Sebelum pengujian sampel, terlebih dahulu dibuat kurva kalibrasi dari deret larutan
standar dengan konsentrasi yang telah ditentukan. Kurva diplotkan antara konsentrasi setiap
larutan standar terhadap luas area peak yang diperkirakan sebagai peak dari vitamin C,
pada masing-masing kromatogramnya.
Penentuan peak vitamin C pada kromatogram larutan standar ini dilakukan dengan
mengamati peak yang waktu retensinya relatif tetap atau sama pada setiap konsentrasi
larutan standar, serta memerhatikan luas area peaknya. Karena larutan standar adalah
larutan vitamin C maka kadar vitamin C di dalamnya adalah yang terbesar dibanding
komponen lain sebagai hasil penguraian vitamin C atau senyawa lainnya (pengotor).
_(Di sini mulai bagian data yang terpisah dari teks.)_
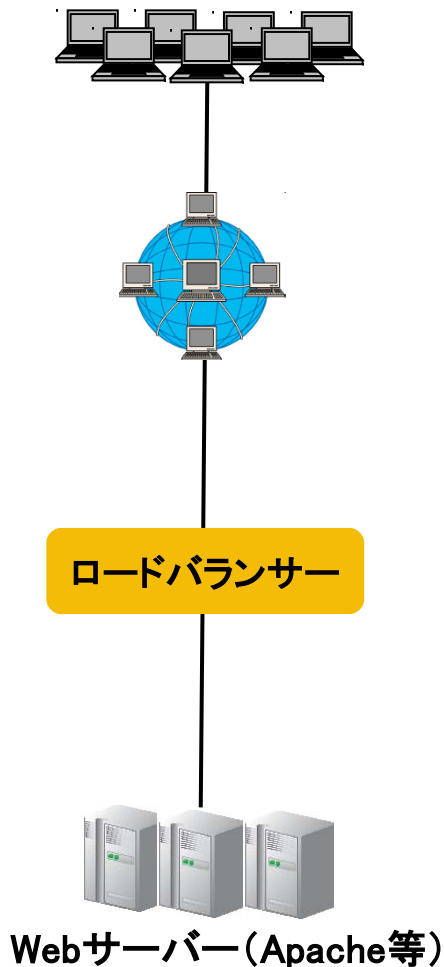

## KVSを使った高速配信Webサーバ

株式会社リアルアンリアル社が開発して、オープンソース化した高速配信Webサーバ

背景:

数十万点～百万点規模の商品紹介サイトで、ネットワーク上の別のサーバーからWebサーバーに多量のデータ(数十GB～数百GB)を高速に安定して書込む必要があり、その間もWebサーバーは高速に動作し続ける必要があった。

==>従来のファイルベースのウェブサーバーでは別のサーバから高速に書き込むことができず、書き込みの際にサイトが長時間重くなるという問題が生じた。

そこでOSSのNginx, TokyoTyrant, Plackを使用して別サーバーから高速更新可能なウェブサーバー「クリティカルスピード」を開発

結果的に秒間数百ページの書込みを行いながら、同時に秒間数百アクセスに安定して耐えることができるシステムが完成した。

その為、頻繁に商品情報の更新を行うことが可能になった。

# クリティカルスピードの構成

従来型の構成

クリティカルスピードの構成

サーバの  
応答速度がUP

例えば、使用するサーバーが192.168.1.123 portを8080  
`http://www.example.com/foo/bar.html`  
↓ (書換)  
`http://192.168.1.123:8080/www.example.com/foo/bar.html`  
また、  
`http://www.example.com/foo/bar/`  
↓ (書換)  
`http://192.168.1.123:8080/www.example.com/foo/bar/index.html`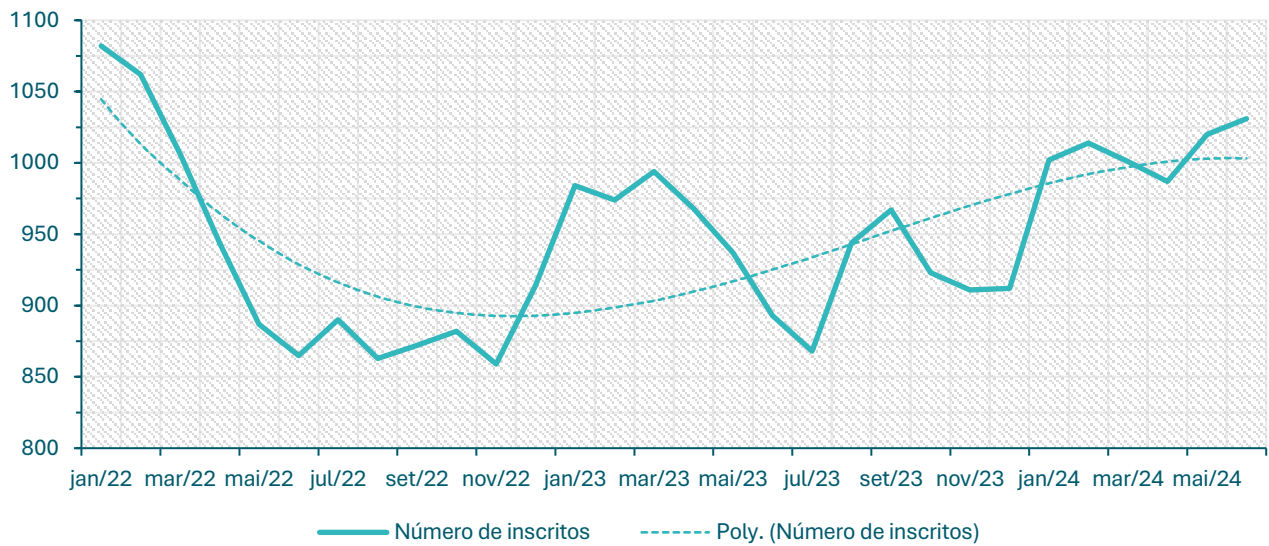

### Inscritos no CEVFX [número ; 12 meses]: Freguesia Póvoa Santa Iria, Forte Casa

### Inscritos no CEVFX [número ; 12 meses]: Freguesia Vialonga

### Inscritos no CEVFX [número ; 12 meses]: Freguesia Vila Franca de Xira

**Inscritos no CEVFX [número ; jan'22 ->]: Freguesia Alhandra, S. João dos Montes, Calhandriz**

**Inscritos no CEVFX [número ; jan'22 ->]: Freguesia Alverca do Ribatejo, Sobralinho**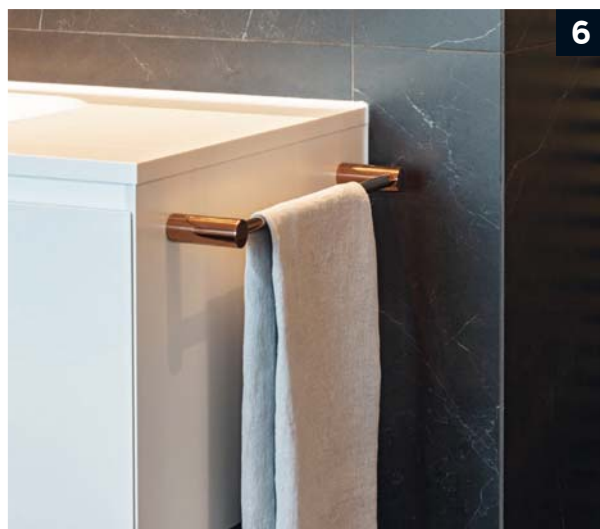

4

4,5: Eine bodengleiche Dusche, die mit stilvollen, dunkel gehaltenen Großformatfliesen elegant in Szene gesetzt wurde, ergänzt das Bad gekonnt. Die Sitzbank, aus demselben Material gefertigt, lädt zum Verweilen ein – perfekt für eine belebende Regendusche. Die bronzenen Vola-Armaturen an der Dusche setzen elegante Kontraste zur tiefdunklen Fliesenoberfläche.

6: In einem Raum, in dem Design und Funktionalität so nahtlos ineinanderfließen, spielen auch die kleinsten Details eine große Rolle. Die Handtücher von Luiz strahlen dezente Eleganz aus und unterstreichen den luxuriösen Charakter. Alles in diesem Bad ist perfekt aufeinander abgestimmt

5

6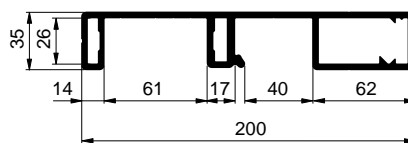

zadní sloupek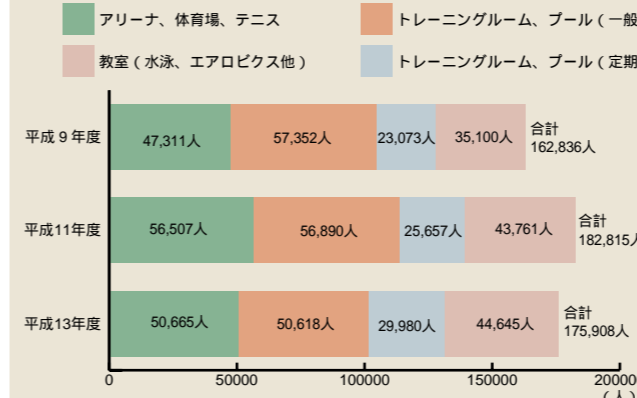

## 豊能町の位置

## ごみ収集状況 (単位: t)

平成11年度から粗大ごみのうち「不燃粗大」を不燃ごみとするなどカテゴリーの変更を行っています。

## 上下水道の状況 (単位: %)

## シートの利用状況 (単位: 人)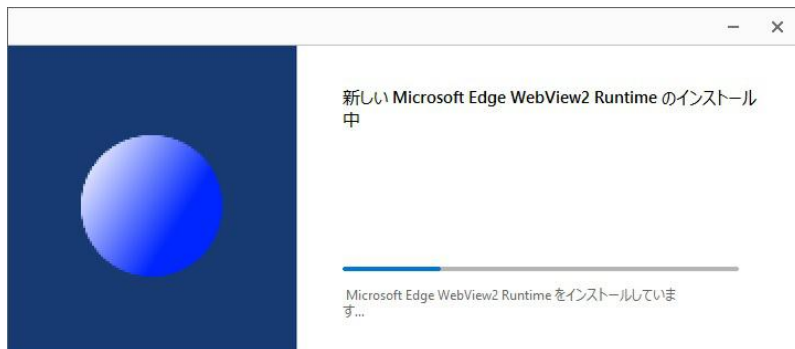

「YouTube Dailymotion」のボタンをクリックすると
下記の画面が表示されます。

「はい」をクリックします。

ユーザーアカウント制御の画面が表示されます。

「はい」をクリックします。

Microsoft Edge WebView2 Runtime のインストール中の画面が表示されます。

「インストールが完了しました。」が表示されましたら、「閉じる」をクリックします。

設定画面が表示されます。

表示された設定画面は YouTube / Dailymotion 用の設定画面です。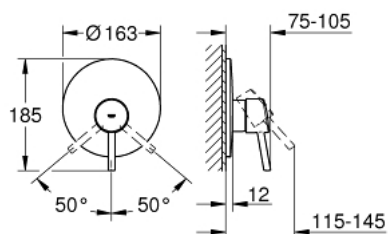

19 345 001 **CONCETTO ΜΙΚΤΗΣ ΝΤΟΥΣΙΕΡΑΣ ΜΕ ΈΝΑ ΜΟΧΛΌ ΧΕΙΡΙΣΜΌΥ**

ΠΕΡΙΓΡΑΦΗ ΠΡΟΪΟΝΤΟΣ

- Χρώμα: chrome
- trim set for use with rough-in box 33 963 001, 33 964 001, 33 965 001
- χωρίς εντοιχιζόμενο σετ εγκατάστασης
- μεταλλική λαβή
- Φινίρισμα GROHE LongLife
- ροζέτα και στεγανοποίηση άξονα
- ροζέτα τοίχου
- καλυμμένη στερέωση

19 345 001 **CONCETTO ΜΙΚΤΗΣ ΝΤΟΥΣΙΕΡΑΣ ΜΕ ΈΝΑ ΜΟΧΛΌ ΧΕΙΡΙΣΜΌΥ**

ΑΝΤΑΛΛΑΚΤΙΚΑ , Δεκεμβρίου 2015 – τώρα

1: Λαβή (Αριθμός ανταλλακτικού 46723000)

2: Ροζέτα (Αριθμός ανταλλακτικού 46904000)

3: Κάλυμμα/ τάπα (Αριθμός ανταλλακτικού 06874000)

Adanya penguraian ini ditunjukkan salah satunya dari adanya lebih dari satu peak pada
kromatogram.
Dari data kromatogram deret larutan standar, diperoleh waktu retensi untuk vitamin c
1.98; waktu retensi kafein 2.54; dan waktu retensi natrium benzoat 4.38.
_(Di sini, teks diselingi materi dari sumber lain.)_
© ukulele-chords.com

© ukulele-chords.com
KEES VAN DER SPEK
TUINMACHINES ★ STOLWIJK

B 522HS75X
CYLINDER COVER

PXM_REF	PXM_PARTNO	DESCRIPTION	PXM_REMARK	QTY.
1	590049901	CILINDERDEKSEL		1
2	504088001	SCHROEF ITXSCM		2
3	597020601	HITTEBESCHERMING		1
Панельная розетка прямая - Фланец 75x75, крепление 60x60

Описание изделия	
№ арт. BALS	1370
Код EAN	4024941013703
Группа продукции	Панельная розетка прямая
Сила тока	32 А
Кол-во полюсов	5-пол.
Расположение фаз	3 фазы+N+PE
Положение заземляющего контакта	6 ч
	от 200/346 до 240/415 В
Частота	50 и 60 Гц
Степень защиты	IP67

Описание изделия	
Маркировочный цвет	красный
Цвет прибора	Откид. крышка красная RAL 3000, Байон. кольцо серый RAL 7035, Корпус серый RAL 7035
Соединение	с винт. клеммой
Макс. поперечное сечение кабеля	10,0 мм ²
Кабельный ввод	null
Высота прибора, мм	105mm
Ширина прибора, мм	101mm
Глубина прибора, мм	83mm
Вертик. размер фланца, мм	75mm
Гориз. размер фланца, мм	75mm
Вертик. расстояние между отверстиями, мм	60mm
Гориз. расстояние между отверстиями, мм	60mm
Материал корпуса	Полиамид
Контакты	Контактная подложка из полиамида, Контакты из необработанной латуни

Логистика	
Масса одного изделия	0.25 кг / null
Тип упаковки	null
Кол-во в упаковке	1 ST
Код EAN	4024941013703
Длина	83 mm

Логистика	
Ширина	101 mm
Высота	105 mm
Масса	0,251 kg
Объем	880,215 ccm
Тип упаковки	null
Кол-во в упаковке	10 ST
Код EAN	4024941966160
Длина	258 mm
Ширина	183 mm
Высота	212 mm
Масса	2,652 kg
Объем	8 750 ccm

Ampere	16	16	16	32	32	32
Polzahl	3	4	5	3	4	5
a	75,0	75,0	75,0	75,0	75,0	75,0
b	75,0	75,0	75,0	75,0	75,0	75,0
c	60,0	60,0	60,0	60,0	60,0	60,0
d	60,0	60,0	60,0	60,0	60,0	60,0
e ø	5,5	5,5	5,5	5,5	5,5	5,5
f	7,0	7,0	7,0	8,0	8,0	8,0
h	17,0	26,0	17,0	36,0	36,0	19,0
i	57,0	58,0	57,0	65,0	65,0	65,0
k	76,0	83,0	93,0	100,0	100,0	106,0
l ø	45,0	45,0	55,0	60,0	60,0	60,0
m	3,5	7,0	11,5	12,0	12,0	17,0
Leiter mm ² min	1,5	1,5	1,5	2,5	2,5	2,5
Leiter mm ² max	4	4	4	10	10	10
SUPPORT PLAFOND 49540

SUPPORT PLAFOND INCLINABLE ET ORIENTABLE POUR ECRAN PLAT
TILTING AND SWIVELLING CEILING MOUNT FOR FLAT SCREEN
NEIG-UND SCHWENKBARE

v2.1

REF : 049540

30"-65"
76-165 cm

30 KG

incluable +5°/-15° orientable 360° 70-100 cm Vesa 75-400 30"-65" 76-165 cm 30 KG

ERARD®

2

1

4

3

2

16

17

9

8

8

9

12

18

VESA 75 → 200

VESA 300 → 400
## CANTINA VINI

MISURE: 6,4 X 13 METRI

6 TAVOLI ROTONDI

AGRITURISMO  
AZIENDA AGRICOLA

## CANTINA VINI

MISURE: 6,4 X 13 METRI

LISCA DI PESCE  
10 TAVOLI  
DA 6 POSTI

Waktu retensi pada larutan standar menjadi acuan dalam menentukan komponen-
komponen yang terdapat dalam sampel. Pada kromatogram sampel terdapat empat puncak,
Komponen kesatu dalam sampel diduga bukan vitamin c, karena waktu retensi untuk
vitamin c dimulai dari 1.98, sebagaimana hasil dari kromatogram yang tertera. Sedangkan
pada komponen kedua, diidentifikasikan sebagai komponen vitamin c, karena waktu
retensinya mendekati waktu retensi vitamin c. Dan pada komponen ketiga waktu retensinya
mendekati waktu retensi natrium benzoat yang dimulai dari 4.38. sehingga diidentifikasikan
bahwa komponen ketiga sebagai komponen natrium benzoat. Komponen keempat pada
sampel diduga bukan natrium benzoat, karena selisih waktu retensinya sangat jauh dengan
waktu retensi natrium benzoat.
Berdasarkan hasil pengolahan data, kadar natrium benzoat dalam sampel adalah
115,757 mg, sedangkan kadar vitamin c adalah 3,53664 mg.
Kesimpulan
Berdasarkan hasil praktikum kali ini dilakukan penentuan kadar zat aditif dalam
sampel dengan menggunakan HPLC, pada larutan sampel yang digunakan yaitu Mizone
terdapat dua kadar zat aditif, yaitu kadar komponen vitamin c dan kadar komponen natrium
benzoat.
Kadar vitamin c yang terkandung dalam sampel yaitu sebesar 3,53664 mg dan kadar
natrium benzoat yang terkandung dalam sampel sebesar 115,757 mg.
DAFTAR PUSTAKA
http://toraerdo.blogspot.co.id/2010/06/hplc-high-performance-liquid.html
http://lansida.blogspot.co.id/2010/07/hplc-kromatografi-cair-kinerja-tinggi.html
http://chemsanboice-kimiaituasyk.blogspot.co.id/2012/06/hplc.html
http://tomychemyster.blogspot.co.id/2013/01/instrumen-kimia-hplc.html
Masfufatul, Hanik, Novi Nurlaeli, Vega Isma Zakiah. 2015. Penentuan Kadar Natrium
Benzoat, Vitamin C, dan Kafein Menggunakan Instrumen HPLC. Fakultas Pendidikan
Matematika dan Ilmu Pengetahuan Alam Universitas Pendidikan Indonesia. Bandung.
Yulianis, Adek Zamrud Adnan, Deddi Prima Putra. 2011. Penetapan Kadar Kumarin Dari
Kulit Manis (Cinnamomum burmanii Bl.) Dengan Metoda Kromatografi Gas.